# Vinyl Cut Italian Montepulciano Label



## gonzo46307 (Jul 9, 2010)

I just thought I'd experiment...







Peace,
Bob


----------



## Wade E (Jul 9, 2010)

Freaking awesome. I had someone else who worked with vinyl and made a few labels and they too were great.


----------



## Runningwolf (Jul 9, 2010)

WOW, thats really sharp. I love it!


----------



## Julie (Jul 10, 2010)

Nce label, I like that.


----------



## diegodangers (Sep 16, 2010)

Sorry to bring this back from the dead, but I have been thinking about making some of these for my brother in laws beers for the last year, and now that I finally see it done, I think I'll bite the bullet and cut some out for him! thanks.


----------



## countrygirl (Sep 16, 2010)

diegodangers said:


> Sorry to bring this back from the dead, but I have been thinking about making some of these for my brother in laws beers for the last year, and now that I finally see it done, I think I'll bite the bullet and cut some out for him! thanks.

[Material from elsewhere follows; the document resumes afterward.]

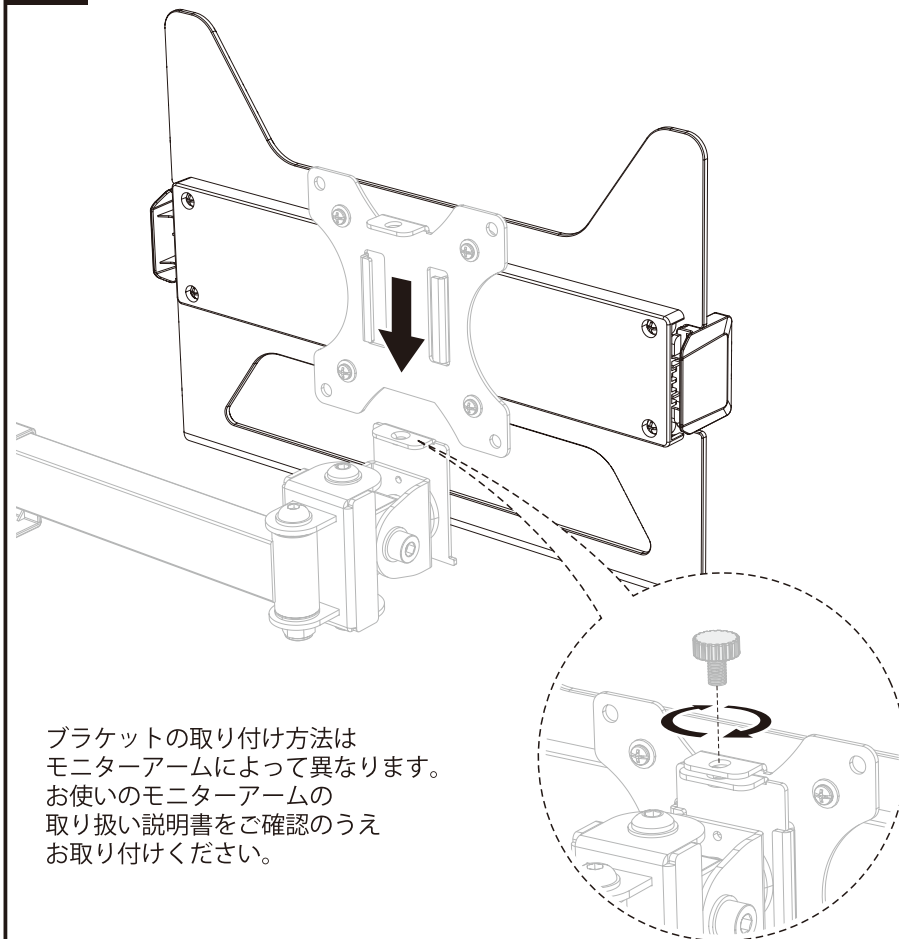

2

ブラケットをモニターアームに取り付けます。

ブラケットの取り付け方法はモニターアームによって異なります。お使いのモニターアームの取り扱い説明書をご確認のうえお取り付けください。

3

左右のホルダーを引っ張り、ノートパソコンを挟んで固定します。

let us know some specifics. it looks awesome, but i wouldn't know where to begin...keep us updated!


----------



## gonzo46307 (Sep 19, 2010)

countrygirl said:


> let us know some specifics. it looks awesome, but i wouldn't know where to begin...keep us updated!

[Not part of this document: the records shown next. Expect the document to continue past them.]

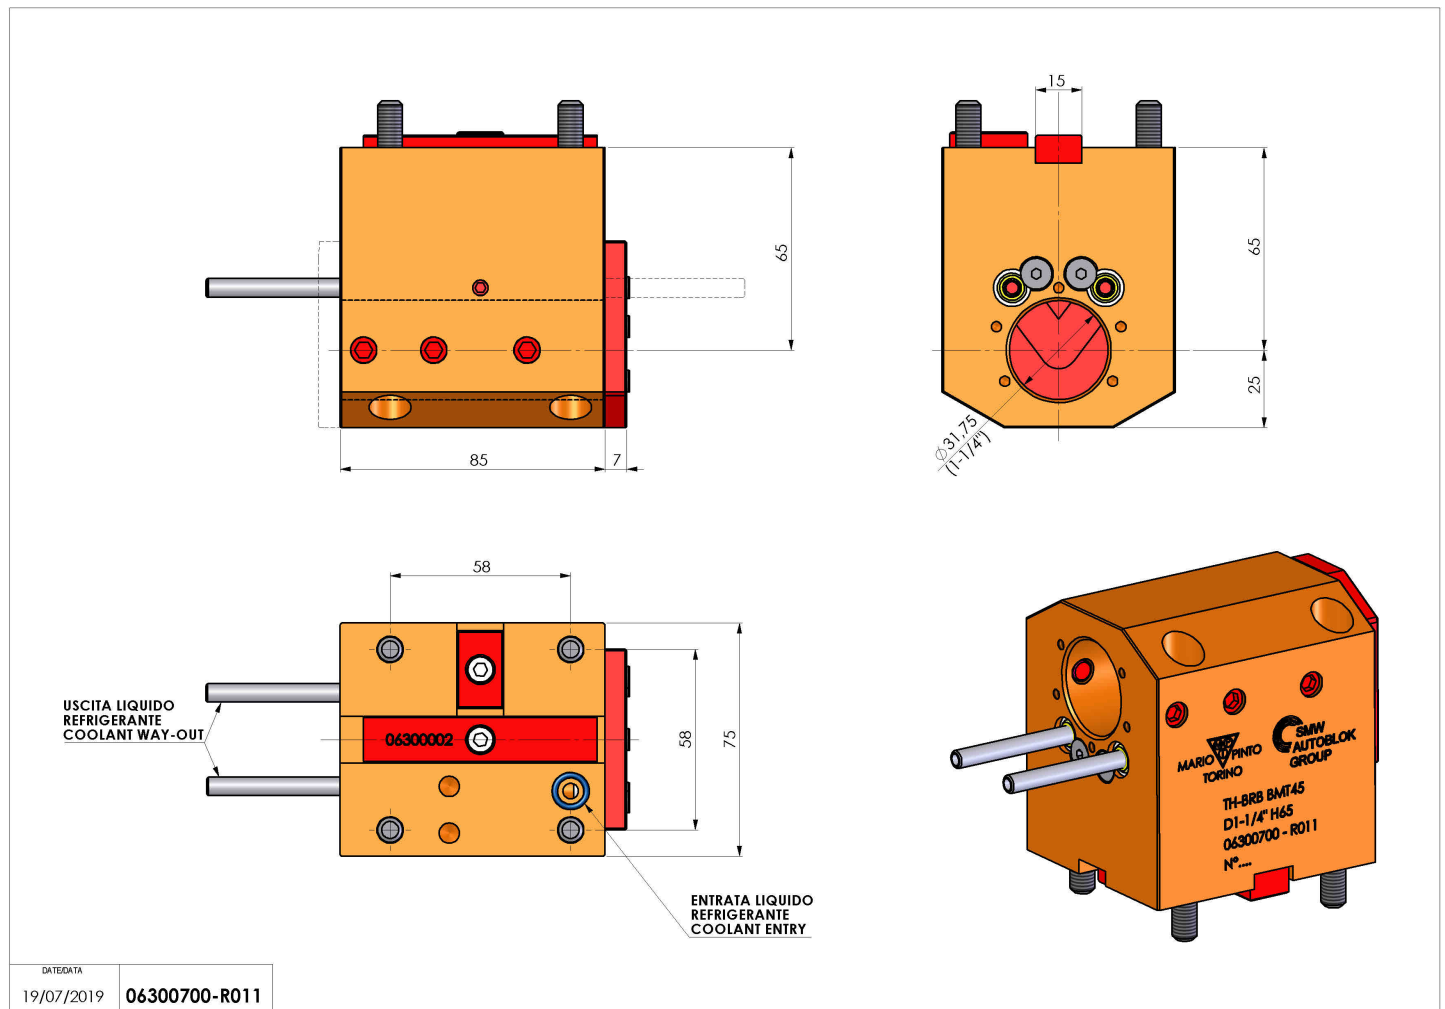

06300700 - TH-BRB BMT45 D1-1/4" H65

Tipo	TH-BRB Portautensili statico portabareno
Attacco	BMT 45
Uscita utensile	TH porta bareno 1-1/4"
Raffreddamento	Refrigerazione esterna / interna
H [mm]	65

Accessori	N.D.
Note	N.D.
Note per il montaggio	Può avere delle limitazioni per alcune installazioni

Verificare sempre gli ingombri del portautensile in torretta

DATE/GRA	19/07/2019	06300700-R011
----------	------------	---------------

Salvo modifiche tecniche

First you need access to a vinyl cutter and plotting software. I'm lucky, we have a sign shop at work. Being the tech support guy, I kinda know how everything works there.

Peace,
Bob


----------



## countrygirl (Sep 19, 2010)

gonzo46307 said:


> First you need access to a vinyl cutter and plotting software. I'm lucky, we have a sign shop at work. Being the tech support guy, I kinda know how everything works there.
> 
> Peace,
> Bob



3m makes a "clear" label, i'm sure it's not vinyl. i wonder if it would work?


----------



## diegodangers (Sep 19, 2010)

I don't think that clear would work well. I have a vinyl cutter here at home and I get vinyl scraps on eBay and locally that would be great for this.


----------